As a doctoral student, the first course in urban planning I took was Planning Theory, History and Ethics. The course was rigorously theoretical, but more importantly it was insightful, not only in terms of explaining the historical underpinnings of contemporary planning as a discipline, but also in terms of delving deeper into the question of how departure from fundamental conceptualizations of worldviews comes about. Essentially, the framework of understanding provided an opportunity to perceive the world as is and as it ought to be, from different paradigmatic viewpoints.

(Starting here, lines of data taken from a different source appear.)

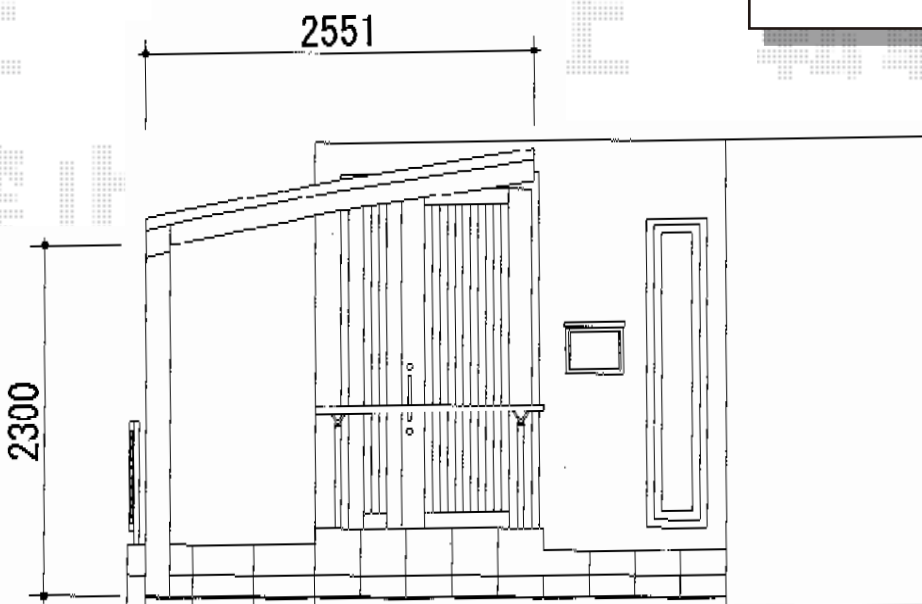

カーブポートシグマIII 積雪～30cm対応

トステム カーブポートシグマIII
積雪～30cm対応
幅=2,551mm
奥行=4,980mm
色：シャイングレー
屋根材：熱線吸収ポリカーボネート
(ライトブルーマット調)
柱仕様：ロング柱23仕様
(有効高 約2,300mm)

現場状況や作図制限により概略図の内容と多少の違いが生じることがございます。
施工時は、現場優先とさせて頂きたく思いますので、お立会い頂き、
最終のご指示のほど、何卒、宜しくお願い致します。

It was not until I started writing this post that I re-realized this and started rewriting. I remembered how overwhelming the classroom discussions used to be at the time. The theories from advocacy to equity to modern and postmodern and then transactive and neoliberal et al., were extensively discussed in light of their epistemology, as well as their practical implications. What these inquiries, into bygone and contemporary worldviews, clarified for me was how moral and ethical perversion — as pleasantly and respectably as it may be presented through embedded rationality and scientification of mere opinions etc.,– is a consistent and highly influential feature in social organization of the world. John Dewey, philosopher and social reformer, identified that the way society and societal functions are controlled “plays an important part in forming the dispositions and tastes, the attitudes, interests, purposes and desires, of those engaged in carrying on the activities of the group”.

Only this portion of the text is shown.